# what radius should i use?



## jp1409 (May 24, 2011)

well im planning to build a n scale layout and i dont know what size radius turn i should buy.?? im going to have two main lines and there going to be a basic oval im wanting,to run some passenger cars and a frieght train. SRRY this is my first post!!!!


----------



## matt785115 (Feb 13, 2012)

I am also in the planning stage. From what I have learned, 11" or bigger. Alot depends on what engine and cars you plan on running. the longer they are the wider the radius needs to be. I have learned you can run some of the longer ones on tighter curves but have to go slow.


----------



## Conductorjoe (Dec 1, 2011)

Depends on the size of the layout and what you want to run. 9 3/4" is smallest followed by 11" and 19". The bigger the better.The small radius will limit you to small cars and 4 axle locos. Larger cars need the 11" or larger radius to run smooth.Same with 6 axle locos and most steam locos need larger radius.
If you use flex track you can make radius any size you need like 15", 21" etc...


----------



## jp1409 (May 24, 2011)

thnks guys for the advice it helped me alot!!


----------



## jp1409 (May 24, 2011)

my layout is a u shaped 9ft long by 4ft wide ?? with two mains


----------



## Xnats (Dec 5, 2010)

If you are going to run mostly modern passenger cars, a 15" radius or larger would be best. Even though they might run well on a 11" radius they will look funny, overhanging on such a tight turn. It would really come down to how proto-typical of a look your going after and space constraints. Kato passenger cars will work around a 9" at low to moderate speeds.


----------



## THE TYCO MAN (Aug 23, 2011)

I suggest the broadest curve that'll fit in a 4' wide area which is 22" radius. I'd use 19" curves honestly. Trains looks better especially passsenger, on broader curves.


----------



## Carl (Feb 19, 2012)

Anything less that 19" radius, with the use of Passenger cars, will result in car overhange and that does not look for good.


----------



## Brakeman Jake (Mar 8, 2009)

It would help if a little more was known of your project,like what do you wish to operate,what era,what area or wich railway do you wish to duplicate?A few more precisions would help to pinpoint what you can or can't do.

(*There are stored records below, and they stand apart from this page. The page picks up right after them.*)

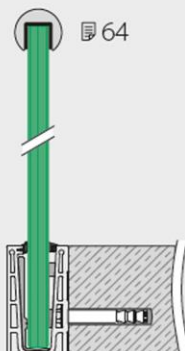

Pro Fascia mount

- Can be installed at or beyond the edge of a surface
- Optional base shoe cladding
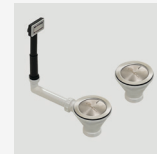

Santorini

Italian made

All dimensions in mm

ST-BL1563U OF

Black Double Bowl Undermount Sink

— Overflow location

Specifications /

Sink size	860W x 435H mm
Bowl size	Standard Bowl 1 380W x 400H x 210D / 32L Standard Bowl 1 380W x 400H x 210D / 32L
Construction	Moulded granite
Material	80% granite and quartz particles and 20% acrylic
Installation	Undermount
Fixings	Available on request
Min cabinet size	900 mm
Tap holes	N/A
Waste fittings	2 x 90 mm basket wastes included
Overflow	Overflow kit included
Carton size	960 x 580 x 310 mm
Weight	16 kg
Warranty	Lifetime manufacturer's warranty (refer to Oliveri website)
Maintenance and care instructions	Clean the sink regularly with warm water, a liquid detergent and a soft cloth. Do not use abrasive powders or creams and avoid chemically aggressive detergents. Generic stains should be removed immediately with very hot water and a cleaning product. For organic stains which are especially difficult to remove, it is recommended that you fill the sink with a highly diluted organic cleaner such as bleach and let stand overnight. The next morning, rinse with warm water and a soft cloth.

Included accessories /

AC11
Basket Wastes with Rectangular Overflow

Your stated dimensions are confusing,if you could post even a rough sketch,that would give a better idea too.Guys here have great ideas as to what can be done with given dimensions and even suggest minor modifications that will create much better operational possibilities.You'd be surprised to see what a difference an inch or two here or there can make.


----------



## powersteamguy1790 (Mar 26, 2012)

Use the largest radii that you have space for. The minimum radius to consider is 11 inch radii.

On my layout which is a inverted "U" shape in a train room 21'x12' I use radii of 30 inches and 23-24 inches in 50"x50" turnaround areas on both sides of the JJJ&E.


----------



## jp1409 (May 24, 2011)

well i decided to use 19 radius and ill post pics once i get my foam base and my track that i ordered


----------



## Carl (Feb 19, 2012)

Good choice.


----------



## powersteamguy1790 (Mar 26, 2012)

Using 19 inch radii will allow you to run most locomotives easily. Excellent choice.:thumbsup:


----------